In disposing of the question then under consideration, the Court used this language:
"The defendant, as grantee of the remaindermen or of their trustee, could not recover any part of the land so dedicated to railroad uses, so far as the same was authorized by the charter to be taken for a right of way, and the defendant had no right to take possession of any part thereof so dedicated in accordance with such charter, so as to interfere with the right of easement held by the plaintiff therein, even if the same could be shown to be embraced within the limits of the defendant's deed. Bridges v. R.R.,
It must be concluded, therefore, that any estate acquired by the defendant in the premises, by the deed of 1904, was subject to the easement previously granted to and then being used by the plaintiff company, so far as concerns that portion of the land in question which is embraced within the strip extending seventy-five feet on each side of the center of the roadbed of the plaintiff, and which it had the right to hold as a right of way." *187
The Court, in conclusion, stated that there was no error in enjoining the defendant, Colclough, from interfering with the plaintiff, in the exercise of its right to the use of the strip of land for railroad purposes, embraced within the limits of seventy-five feet on each side of the railroad track.
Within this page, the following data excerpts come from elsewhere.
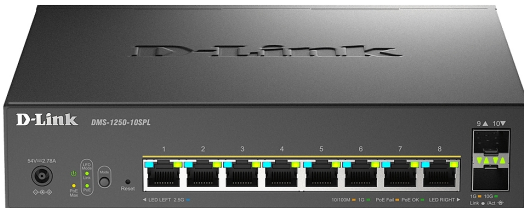

МРЕЖОВА ТЕХНИКА > СУИЧОВЕ

D-Link 8-Port 2.5G Base-T PoE, 2-port 10G SFP+ and 2x 10G RJ45 port Smart Managed Switch

Модел : DMS-1250-10SPL

D-Link 8-Port 2.5G Base-T PoE, 2-port 10G SFP+ and 2x 10G RJ45 port Smart Managed Switch

Суич, тип: Fixed Port

Общ брой портове: 10

Основни портове, тип: 8x10/100/1000/2500Base-T

Power Over Ethernet (PoE): IEEE 802.3af/at (30W), IEEE 802.3bt (60W) PoE Standard, PoE Capable Ports: Port (1-2) - 802.3bt ports, Port (3-8) - 802.3at ports; PoE Power Budget: 120 W

Uplink портове: 2x10GE SFP

Свободни (10GB) слотове: No

Управление: Web-based GUI, Full CLI, Telnet Server, TFTP Client, Auto MDI/MDIX, SNMP (Supports v1/v2c/v3), SNMP Trap, Backup/upgrade firmware, Smart Wizard, Upload/download configuration file, BootP/DHCP Client, System Log, RMONv1, Trusted host, Command logging

Stackable: No

Fans: Fanless

Захранване: External power supply: DC 54V/2.78A, Maximum Power Consumption: 147 W (PoE on)

Routing: Layer 3 Lite

Памет (Flash, RAM): Flash Memory: 32 MB, DRAM: 512 MB

Капацитет за маршрутизиране/превключване, Gbps: 80 Gbps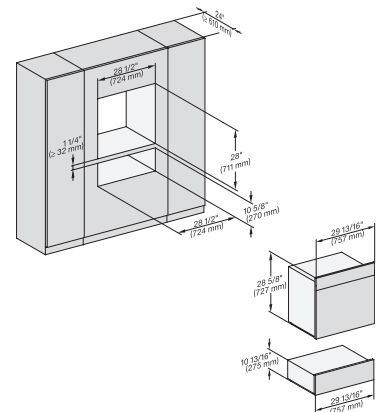

H 6x80 BP, ESW 6x80, H 6x80-2BP, NA7000 Fitting Combi wide front, Installation drawing, Proud, NA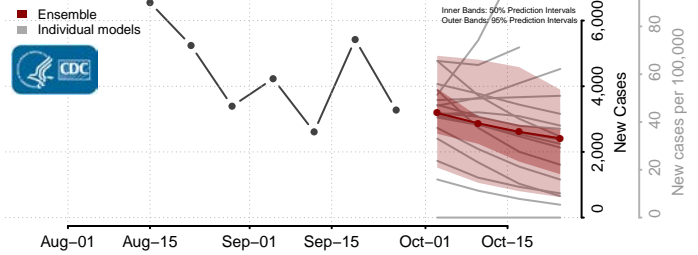

Arizona*

Apache County, Arizona

*New weekly cases may decrease in this location over the next four weeks. For these locations, the ensemble forecast indicates a probability of 0.75 or greater that fewer cases will be reported in week four of the forecast than in the last reported week.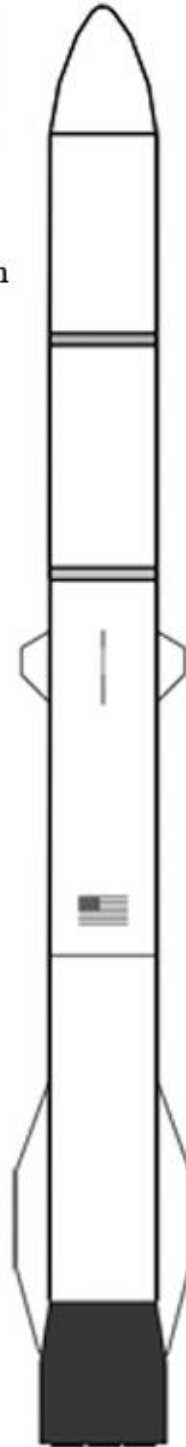

# US Boosters for Piloted Space Flight

*The rockets on this page are 500 times smaller than the real rockets*

Dave Hostetter  
Curator of the Planetarium  
Lafayette Science Museum  
Lafayette, LA

Space Shuttle

This is the height of an astronaut compared to the heights of the rockets on this page!

Mercury-Redstone

Mercury-Atlas

Gemini-Titan

Saturn IB

Saturn V

**Next Generation  
US Piloted Spacecraft Boosters**

*These rocket drawings are  
500 times smaller than the real rockets*

SpaceX  
Super Heavy/Starship

NASA  
Space Launch system

SLS  
Exploration  
Upper  
Stage

Blue Origin  
New Glenn

SpaceX  
Falcon 9

ULA  
Atlas V/Starliner

This is the height of  
an astronaut compared  
to the heights of the  
rockets on this page.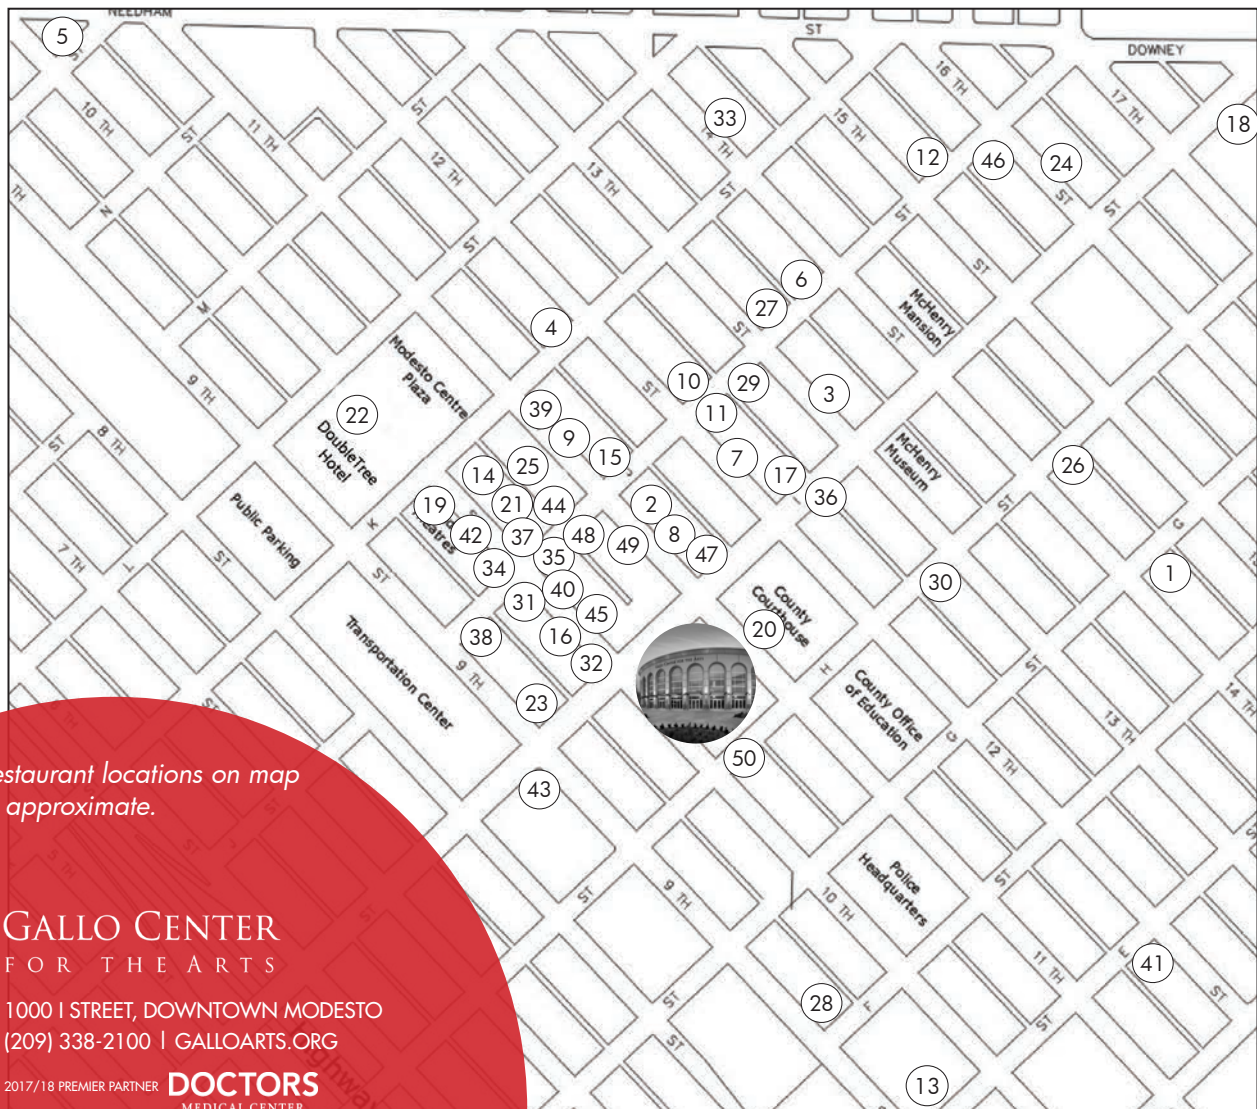

37 RODIN RANCH FARMERS MARKET
Farm-to-Table
1001 J Street • (209) 577-3224

38 SKEWERS KABOB HOUSE
Mediterranean
906 J Street at 9th • (209) 525-3611

39 ST. STAN'S BREWERY CO.
Brew Pub/Pizza
1028 11th Street • (209) 284-0170

40 SUBWAY SANDWICHES
Sandwiches
950 10th Street • (209) 521-3100

41 SURLA'S
American
431 12th Street • (209) 550-5555

42 T CUPS CAFE
Café
1021 10th Street • (209) 300-7473

43 TACO BELL
Mexican Fast Food
825 9th Street • (209) 526-6914

44 TAQUERIA CARDENAS
Mexican
1017 J Street • (209) 529-1461

45 THAILAND RESTAURANT
Thai
950 10th St., Ste 17
(209) 544-0505

46 THE BOARDROOM
American
1528 J Street • (209) 409-8665

47 THE FOX PUB
English Pub
1111 I Street • (209) 575-2369

**Restaurant locations on map are approximate.*

GALLO CENTER
FOR THE ARTS

1000 I STREET, DOWNTOWN MODESTO
(209) 338-2100 | GALLOARTS.ORG

2017/18 PREMIER PARTNER

DOCTORS
MEDICAL CENTER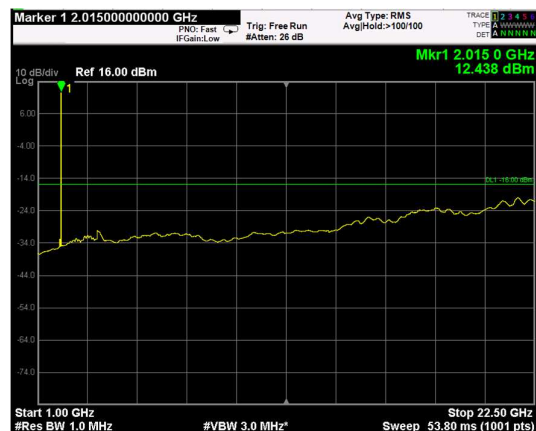

Channel: BOTTOM, Modulation: 64QAM, BW=10MHz, Range: Lower

Channel: BOTTOM, Modulation: 64QAM, BW=10MHz, Range: Upper

Channel: MIDDLE, Modulation: 64QAM, BW=10MHz, Range: Lower

Channel: MIDDLE, Modulation: 64QAM, BW=10MHz, Range: Upper

Channel: TOP, Modulation: 64QAM, BW=10MHz, Range: Lower

Channel: TOP, Modulation: 64QAM, BW=10MHz, Range: Upper

Channel: BOTTOM, Modulation: 256QAM, BW=10MHz, Range: Lower

Channel: BOTTOM, Modulation: 256QAM, BW=10MHz, Range: Upper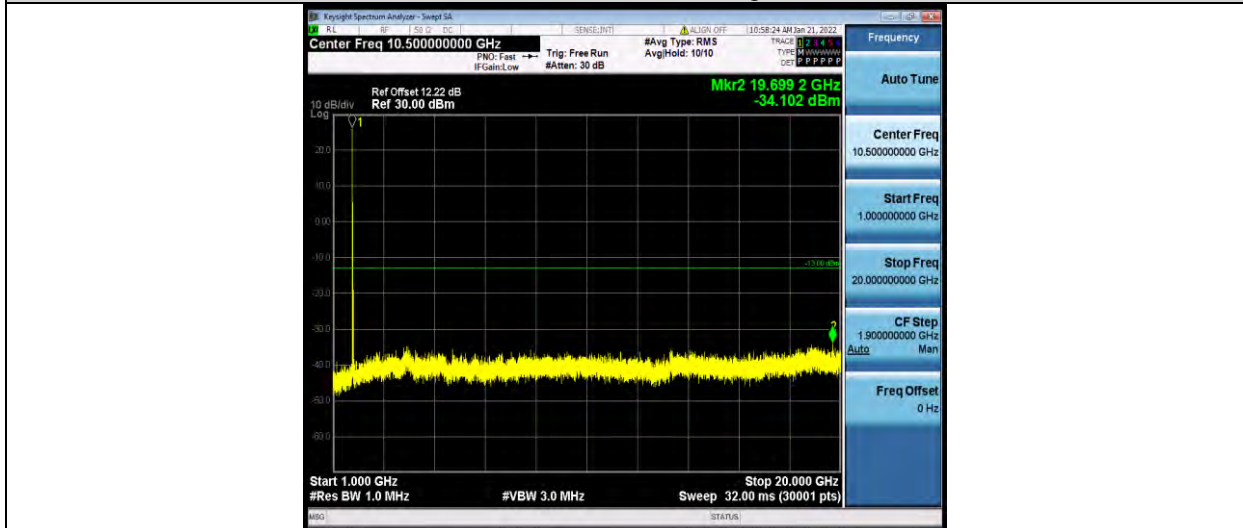

Band4-20MHz-64QAM-20300-1RB#0-Range1:30~1000MHz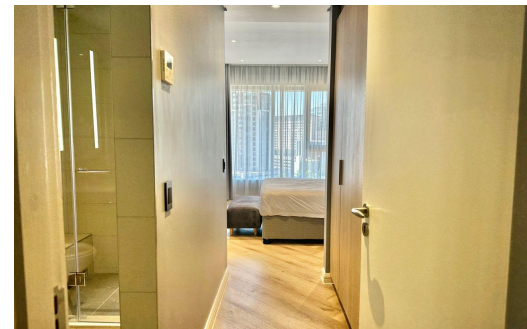

 3

 3.5

 -

R32,000 pm Apartment To Let in Benmore Gardens

| | | | |
|---------------------|-------------------|------------------------|-----|
| FLOOR SIZE | 140m ² | GARAGES | - |
| LAND SIZE | 140m ² | CARPORTS | 2 |
| BEDROOMS | 3 | FLATLETS | - |
| BATHROOMS | 3.5 | DOMESTIC ACCOM. | - |
| KITCHENS | 1 | POOL | Yes |
| LOUNGES | 1 | | |
| DINING ROOMS | 1 | | |
| STUDIES | - | | |
| FURNISHED | Yes | | |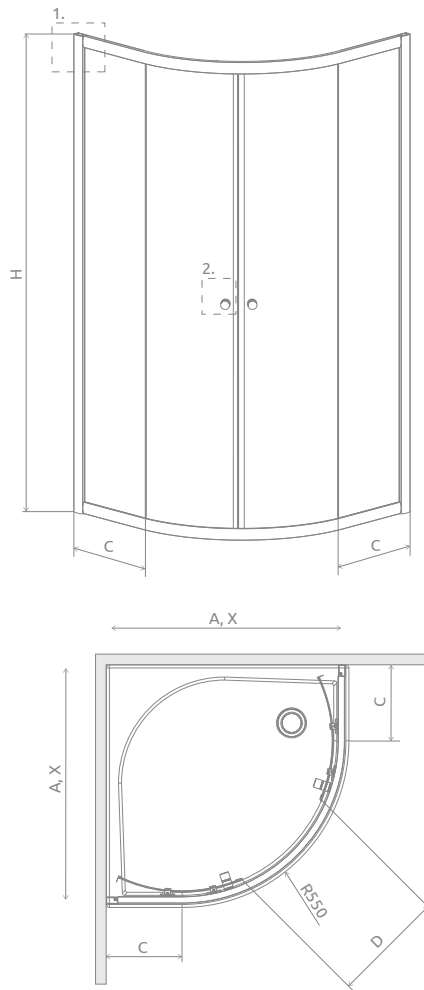

## PROFILES IN CHROME FINISH

Model	Tray width (A)	Height (H)	TRANSPARENT GLASS	GLASS FINISH		
			Art. No.	Graphite Art. No.	Fabric Art. No.	Brown Art. No.
A 80×80×170	800×800	1700	30011-01-01	30011-01-05	30011-01-06	30011-01-08
A 90×90×170	900×900	1700	30001-01-01	30001-01-05	30001-01-06	30001-01-08

## PROFILES IN WHITE FINISH

Model	Tray width (A)	Height (H)	TRANSPARENT GLASS	GLASS FINISH		
			Art. No.	Graphite Art. No.	Fabric Art. No.	Brown Art. No.
A 80×80×170	800×800	1700	30011-04-01	30011-04-05	30011-04-06	30011-04-08
A 90×90×170	900×900	1700	30001-04-01	30001-04-05	30001-04-06	30001-04-08

# TECHNICAL DRAWINGS

Model	A	X	C	D	H
A 80×80×170	800	795-810	260-275	420	1700
A 90×90×170	900	895-910	360-375	520	1700

## NAVIGATION

Dimensions are given in mm.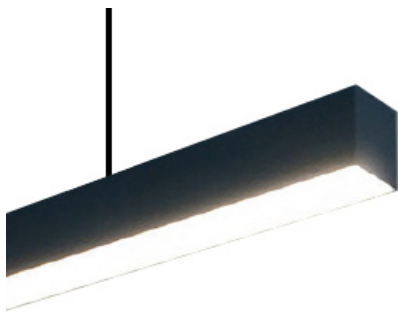

PHOENIX PROPHOENIXS

WATTS

2 x 19.2W pm

COLOURS

Satin anodised
*Other powder coated colours available

DIFFUSER

PMMA opal

MAX IP RATING

IP65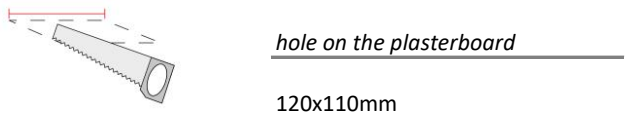

Technical Data Sheet

Last data update

3/15/2016

9010
novantadieci®

Notes on measures

General notes

PASSO

4201-3000

Recessed Spotlight / CRISTALY
Surface finish : CRISTALY
LED 2W / 24Vdc / 200lm / 3000°K / CRI85

Model

Code	4201
Product family	PASSO
Type	Recessed Spotlight

Material/Surface finish

Code	004
Material	CRISTALY
Surface finish	CRISTALY

Electrical part

Code	3000
Type	LED
Power	2W
Tension	24Vdc
Light Output	200lm
Colour Temperature	3000°K
CRI	85
Light Output of the lamp	96lm
Dimmable	SI
Power Supply	by Remote Power Supply
Connection	2 PVC cables
Cover	

General Data

Protection Index	IP20
Isolation Class	III
Weight [Kg]	0,35
Country of production	MADE IN ITALY
Mounting instruction	025.416_9010_REV03

Installation

Multisize system	SI
Position	Wall pathmarker

Packaging

Type	White die-cut Box
Measures AxBxH	165x165x116mm
Gross Weight [Kg]	0,4147
Master carton	NO
Quantity of articles	
Measures AxBxH

These conclusions render unnecessary the additional grounds upon which the appellant's attorneys gave motive that they would ask that the amount of the judgment be increased.
It is the judgment of this Court, that the judgment of the Circuit Court be reversed and the complaint dismissed.
MR. JUSTICE HYDRICK concurs in the result.
Concurrence Opinion
The deed under which the plaintiff claimed, contained the following boundary, to "the east on the right of way of N.W.R.R. Co." The breach of warranty claimed, is the land covered by the right of way. The conveyance, therefore, either did not include the land covered by the right of way, or was a conveyance subject to the right of way. In neither case can the plaintiff recover.
For these reasons I concur in the result.